Разговор, который произошел между хозяином и барышней Софьей, я слышал доподлинно, хотя почти ничего не понял из него по сути.
– Михаил! Иосиф… я уже знаю… Мне так жаль! Он был очень… очень добрый и умный. И любил тебя…
– Да. Он думал, что ты – здесь. И я так думал, пока не получил письмо.
– Письмо? Какое письмо?
– Неважно. Ты действительно провела эту ночь у него… у Ефима?
– Да! Я сейчас тебе все объясню…
– Не надо. Мне сегодня… и вчера уже много всего объяснили. А Иосиф умер. Я жутко устал…

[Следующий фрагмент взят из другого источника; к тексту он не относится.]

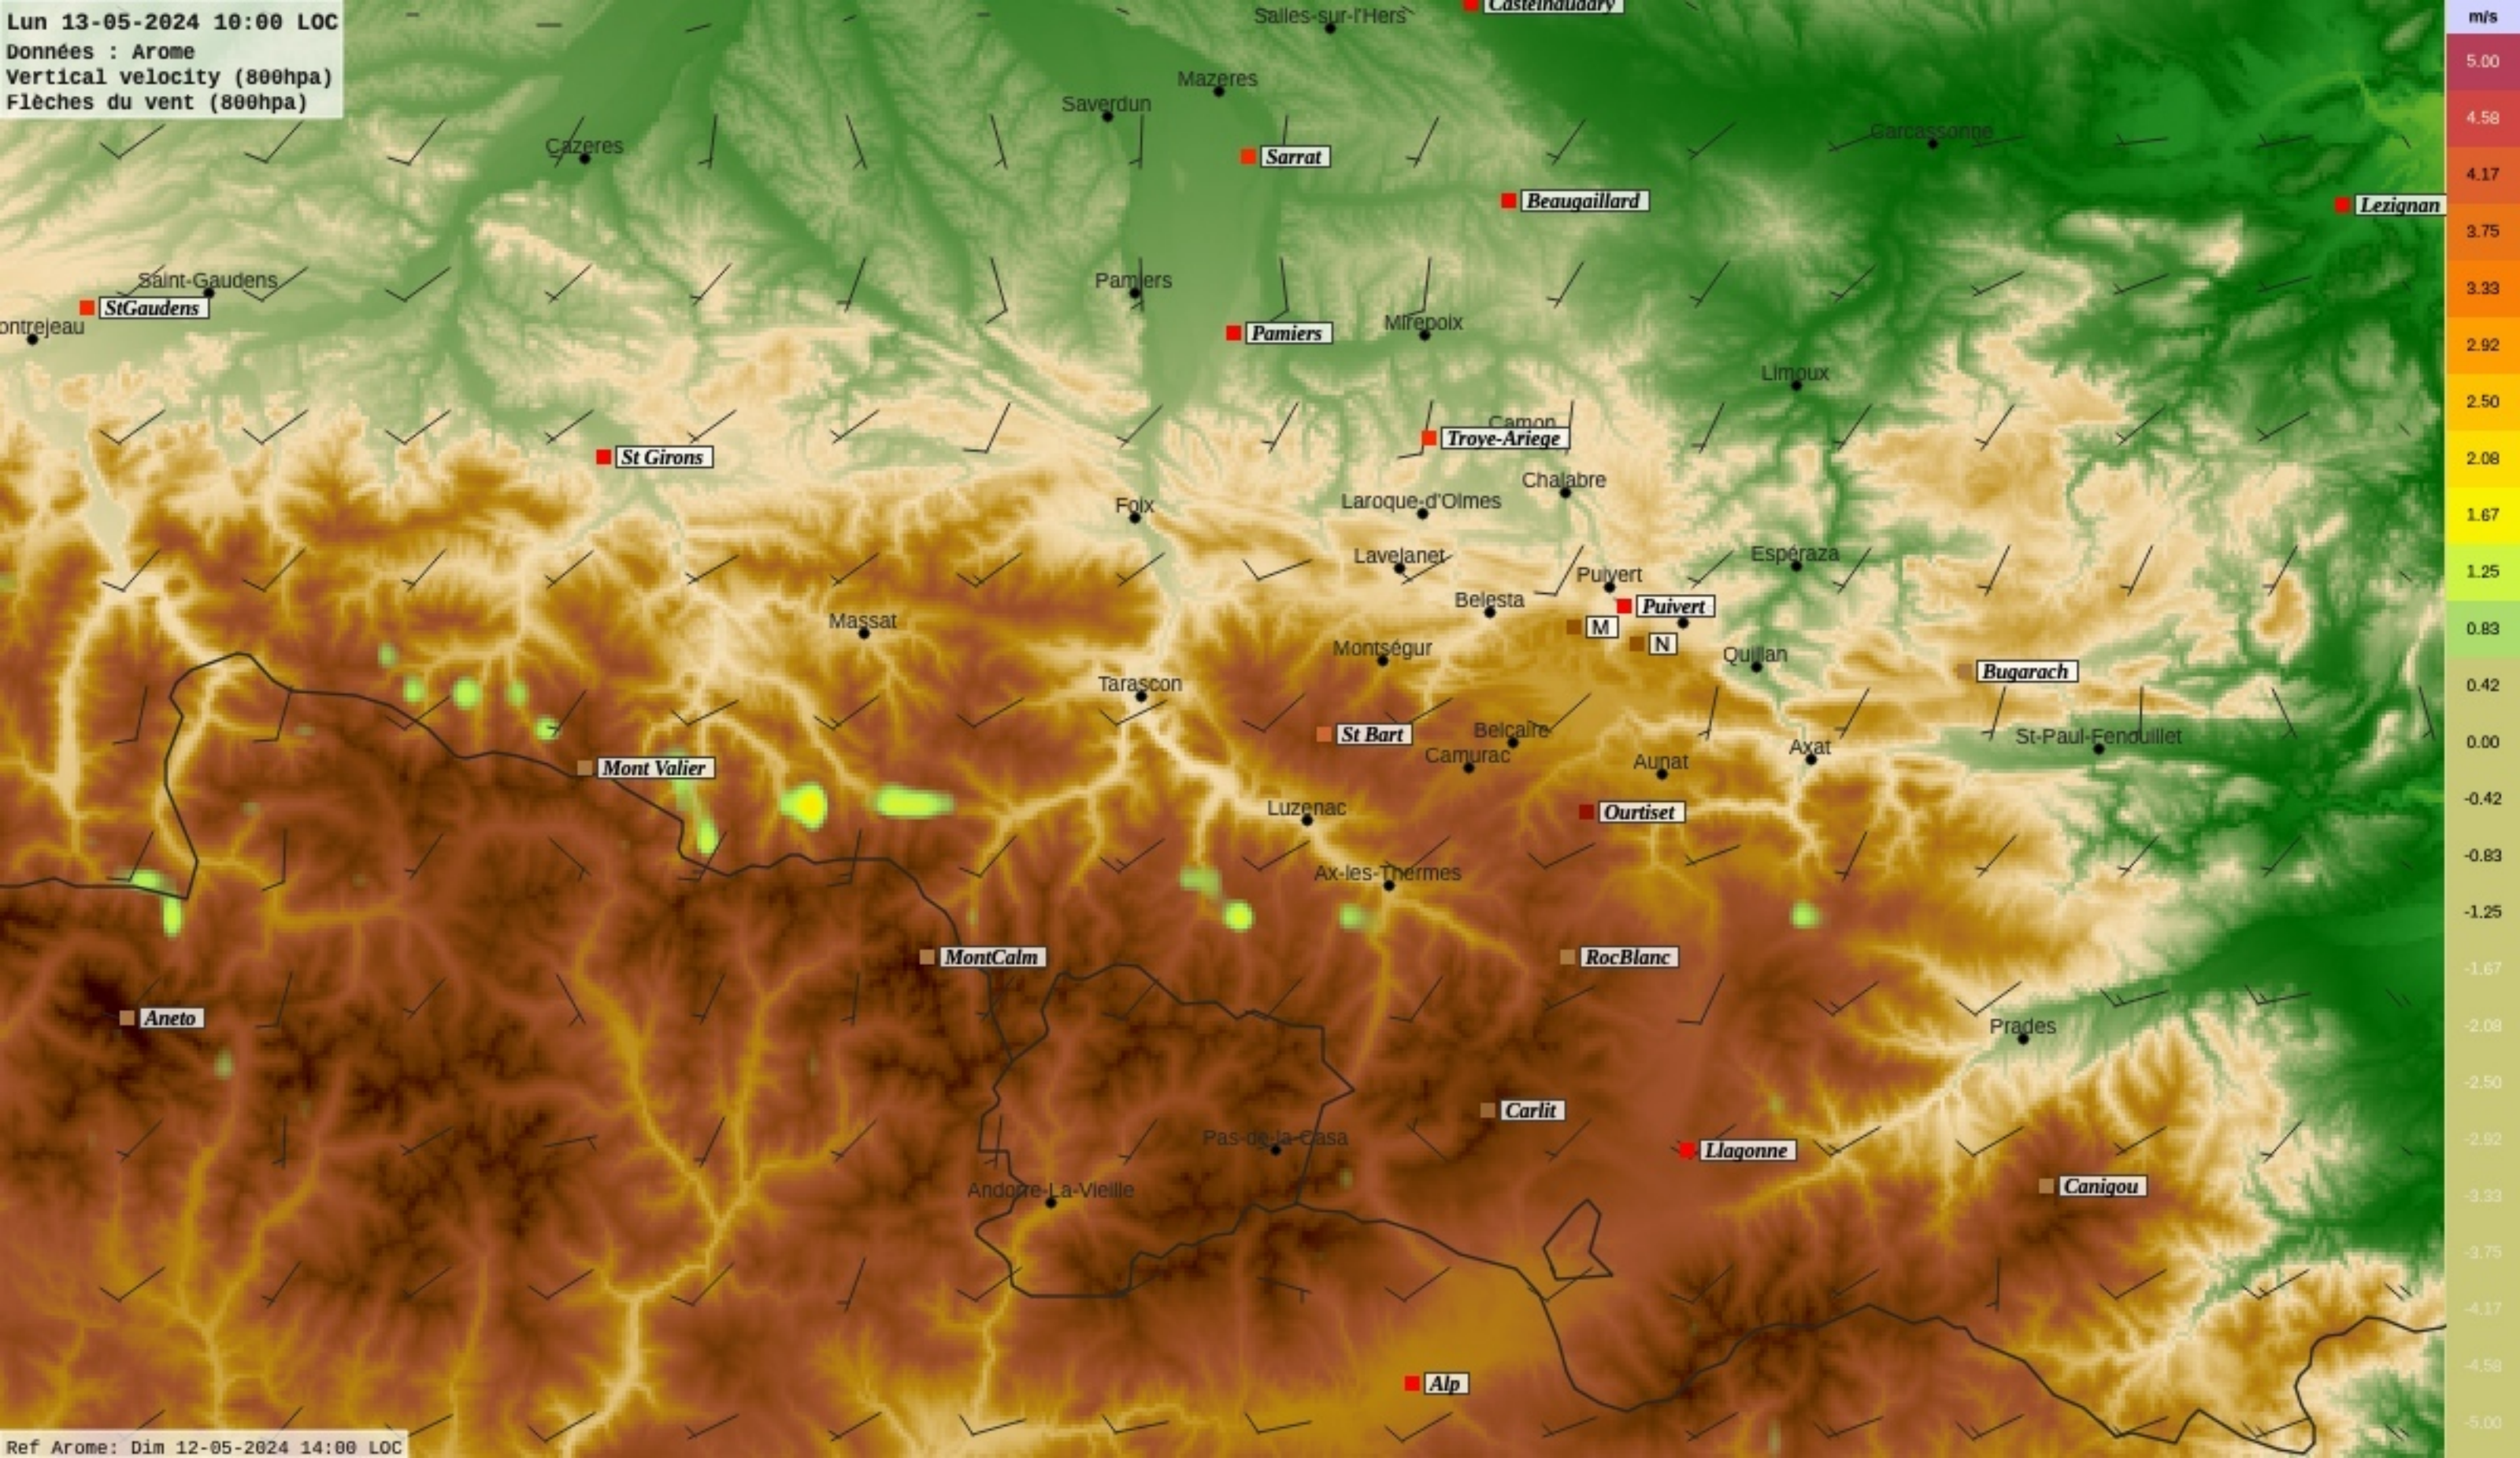

Lun 13-05-2024 10:00 LOC
Données : Arome
Vertical velocity (800hpa)
Flèches du vent (800hpa)

Ref Arome: Dim 12-05-2024 14:00 LOC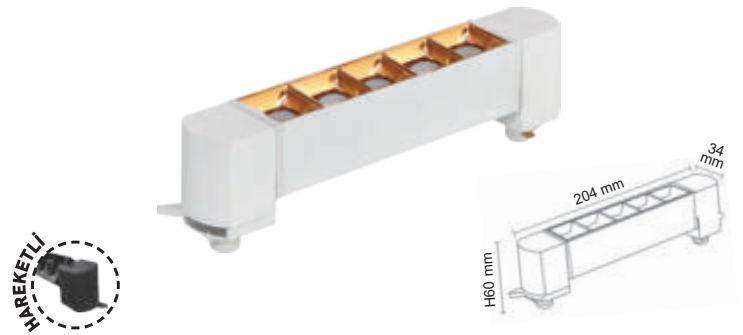

FL-5581 BR

Fiyat : 25.00 $

Kompakt Lensli Monofaze Ray Armatürü (20 cm)

- 10 Watt
- OSRAM Led
- 1200 Lümen
- 220 Volt
- 3200K-4000K-6500K
- CRI ≥ 90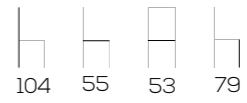

Gipsy sg

sgabello / stool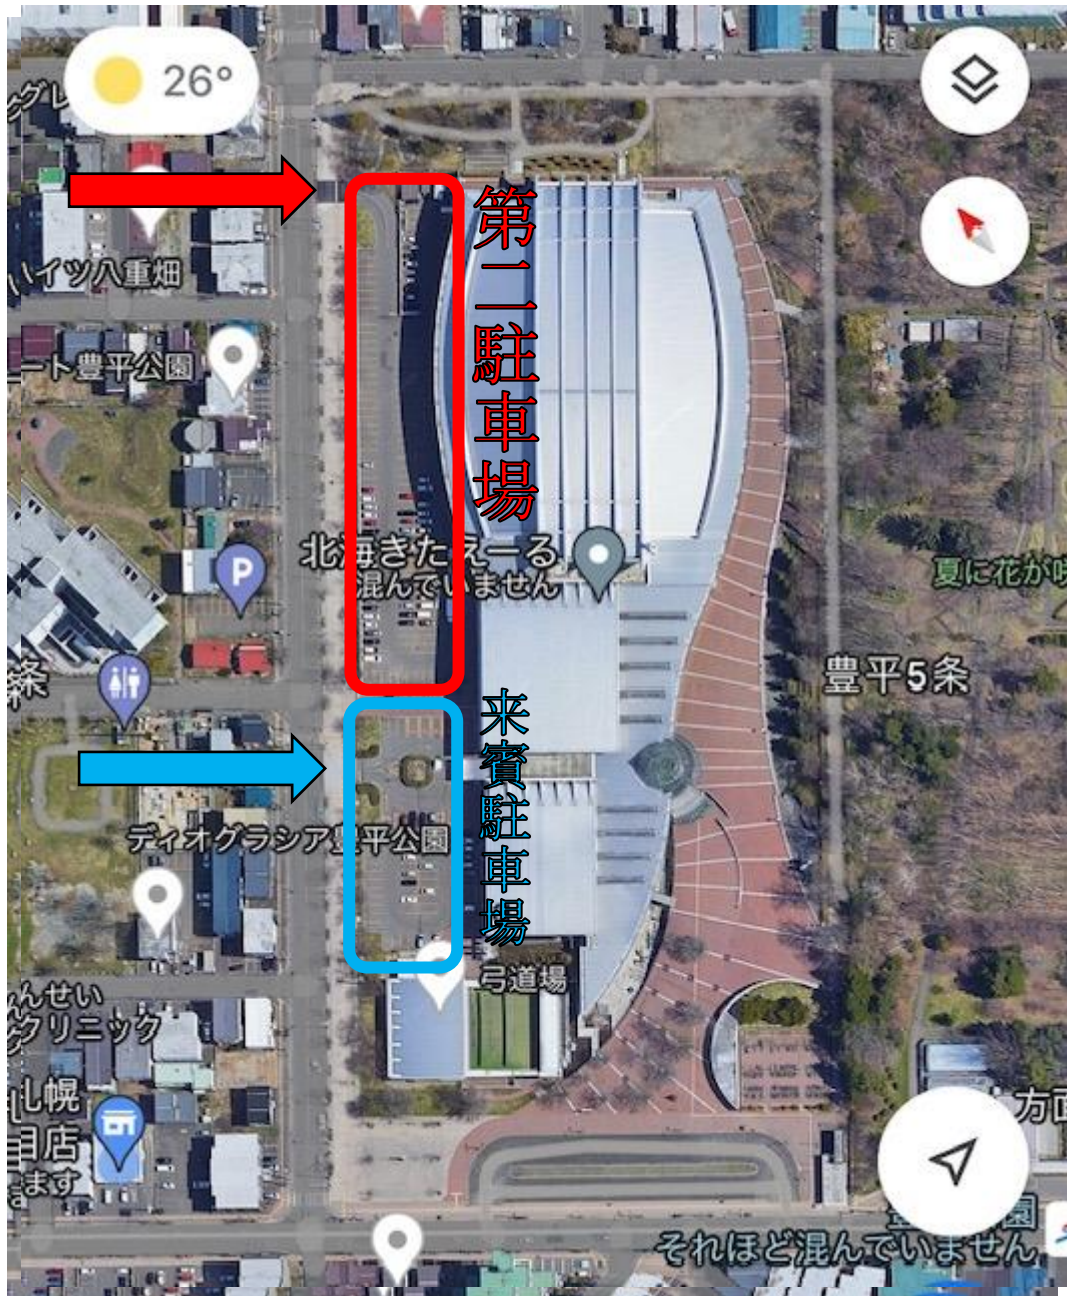

北海きたえーる駐車場について

※駐車許可証がある車のみ駐車できます。

北ガスアリーナ札幌46 駐車場について

※駐車許可証がある車のみ駐車できます。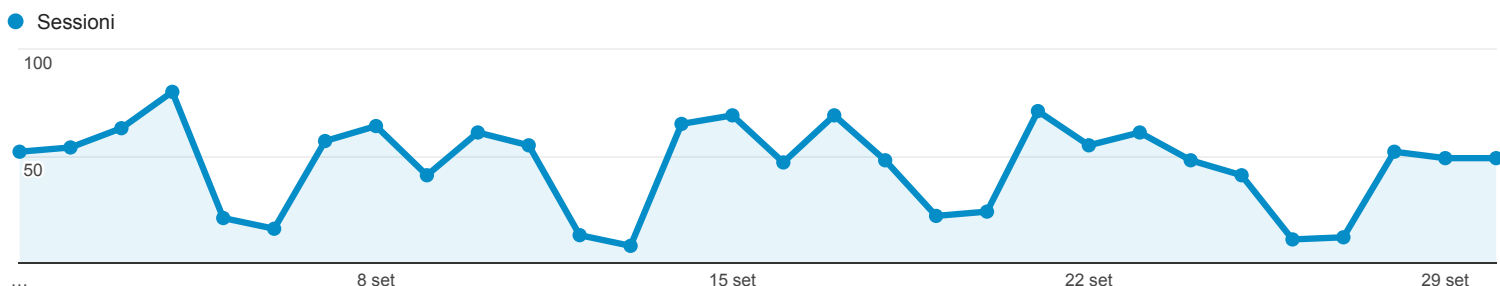

# Nuovo rapporto personalizzato

TUTTI » MESE DELL'ANNO: 201509

Tutte le sessioni  
100,00%

## Rapporti mensili

Giorno del mese	Sessioni	Utenti	Durata sessione media	Visualizzazioni di pagina	Pagine/sessione
	<b>1.378</b> % del totale: 100,00% (1.378)	<b>795</b> % del totale: 100,00% (795)	<b>00:02:56</b> Media per vista: 00:02:56 (0,00%)	<b>11.288</b> % del totale: 100,00% (11.288)	<b>8,19</b> Media per vista: 8,19 (0,00%)
1. 04	<b>80</b> (5,81%)	71 (6,05%)	00:03:52	564 (5,00%)	7,05
2. 21	<b>71</b> (5,15%)	56 (4,77%)	00:03:39	835 (7,40%)	11,76
3. 15	<b>69</b> (5,01%)	59 (5,03%)	00:02:56	562 (4,98%)	8,14
4. 17	<b>69</b> (5,01%)	59 (5,03%)	00:02:44	580 (5,14%)	8,41
5. 14	<b>65</b> (4,72%)	51 (4,35%)	00:03:32	644 (5,71%)	9,91
6. 08	<b>64</b> (4,64%)	58 (4,94%)	00:02:15	365 (3,23%)	5,70
7. 03	<b>63</b> (4,57%)	49 (4,18%)	00:04:37	526 (4,66%)	8,35
8. 10	<b>61</b> (4,43%)	47 (4,01%)	00:02:00	501 (4,44%)	8,21
9. 23	<b>61</b> (4,43%)	50 (4,26%)	00:03:37	700 (6,20%)	11,48
10. 07	<b>57</b> (4,14%)	50 (4,26%)	00:01:42	420 (3,72%)	7,37
11. 11	<b>55</b> (3,99%)	48 (4,09%)	00:03:27	541 (4,79%)	9,84
12. 22	<b>55</b> (3,99%)	46 (3,92%)	00:03:14	556 (4,93%)	10,11
13. 02	<b>54</b> (3,92%)	48 (4,09%)	00:00:51	270 (2,39%)	5,00
14. 01	<b>52</b> (3,77%)	47 (4,01%)	00:02:13	366 (3,24%)	7,04
15. 28	<b>52</b> (3,77%)	46 (3,92%)	00:04:49	551 (4,88%)	10,60
16. 29	<b>49</b> (3,56%)	38 (3,24%)	00:02:48	360 (3,19%)	7,35
17. 30	<b>49</b> (3,56%)	43 (3,67%)	00:04:11	448 (3,97%)	9,14
18. 18	<b>48</b> (3,48%)	39 (3,32%)	00:02:01	296 (2,62%)	6,17
19. 24	<b>48</b> (3,48%)	41 (3,50%)	00:03:06	551 (4,88%)	11,48
20. 16	<b>47</b> (3,41%)	35 (2,98%)	00:04:14	322 (2,85%)	6,85
21. 09	<b>41</b> (2,98%)	38 (3,24%)	00:02:21	336 (2,98%)	8,20
22. 25	<b>41</b> (2,98%)	37 (3,15%)	00:01:28	264 (2,34%)	6,44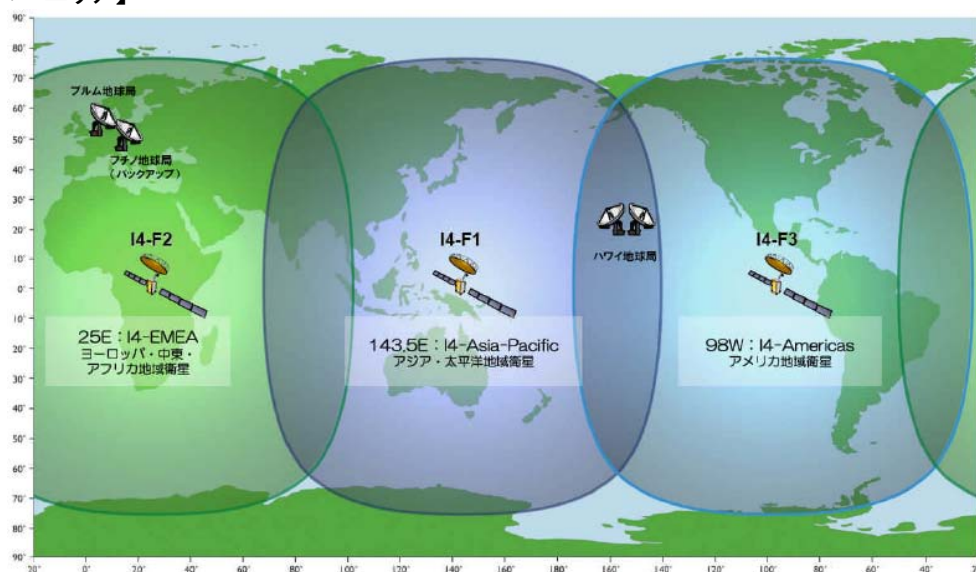

2010年6月15日

報道関係各位

スカパーJSAT 株式会社
JSAT MOBILE Communications 株式会社

新型衛星携帯電話 「IsatPhone Pro」の発売について

スカパーJSAT株式会社(本社:東京都港区、代表取締役 執行役員社長:秋山 政徳)の子会社である JSAT MOBILE Communications 株式会社(本社:東京都港区、代表取締役社長:溝口 透 以下 JSAT MOBILE)は、2010年7月より全世界をカバーする衛星携帯電話「IsatPhone Pro」の発売を開始いたします。

インマルサットの最新技術を詰め込んだインマルサットの第4世代衛星は世界最大級の通信用静止衛星です。I4-F1、I4-F2、I4-F3の新型衛星3機体制によって、その通信エリアはほぼ全世界をカバーします。

利用者の端末とインマルサット衛星との間で直接、無線通信を行うので、陸上の通信ネットワークが存在しない場所や海上、砂漠、山奥、僻地等の一般的な携帯電話の通信エリア外でも、通話やメールの利用が可能です。また、災害時に一般的な携帯電話の地上系ネットワークが壊滅しても「IsatPhone Pro」であれば、寸断されることのない通信を継続できます。

JSAT MOBILE では、技術的安定性の高い衛星携帯電話サービスにより、皆様の生活やビジネスシーンにおいて利便性の高いサービスを提供してまいります。

日本国内での利用については、電波法改正が必要になるため、現時点では海外でのご利用に限ります。(海外の IsatPhone Pro からの日本における固定電話、携帯電話等での着信は利用可)。

【カバーエリア】

– Ты не хочешь меня выслушать?
– Если честно, то нет. Меня тошнит от слов.
– Как пожелаешь!
Барышня Софья знакомо притопнула ножкой и дернула подбородком. Хозяин отвернулся и едва ли не зевнул. Софья сделала непроницаемое лицо и пошла было прочь, но то ли споткнулась, то ли пошатнулась. Я кинулся, поддержал ее под локоть. Она взглянула с ласковой болью:
– Спасибо вам, Иннокентий Порфирьевич. Вечно-то вы меня выручаете…
– Всегда рад, – искренне ответил я.
– Да уж дай Бог, в последний раз, – тихо произнесла барышня.
Тут подбежавшая молодая женщина, которая давечи разговаривала с хозяином, подхватила Софью под локоть, и едва ли не насильно потащила прочь, к карете с гербами. На Туманова она при этом смотрела через плечо так, словно он был экспонатом в зверинце, который в любой момент мог броситься и укусить.
Каждой жилочкой
Евфимий Шталь с хозяином казались одного роста. На самом деле Туманов (Туманов ли? Как же его теперь правильно назвать-то? Не ведаю!) был на пару дюймов выше, но в тот час сгорбился и ссутулился так, что разница сделалась незаметной. Младший брат говорил на все возвышающемся тоне, не удерживаясь местами от нервных взвизгов, и напоминал закрученную до предела пружину. Старший, казалось, едва удерживал спину прямой, а глаза – открытыми.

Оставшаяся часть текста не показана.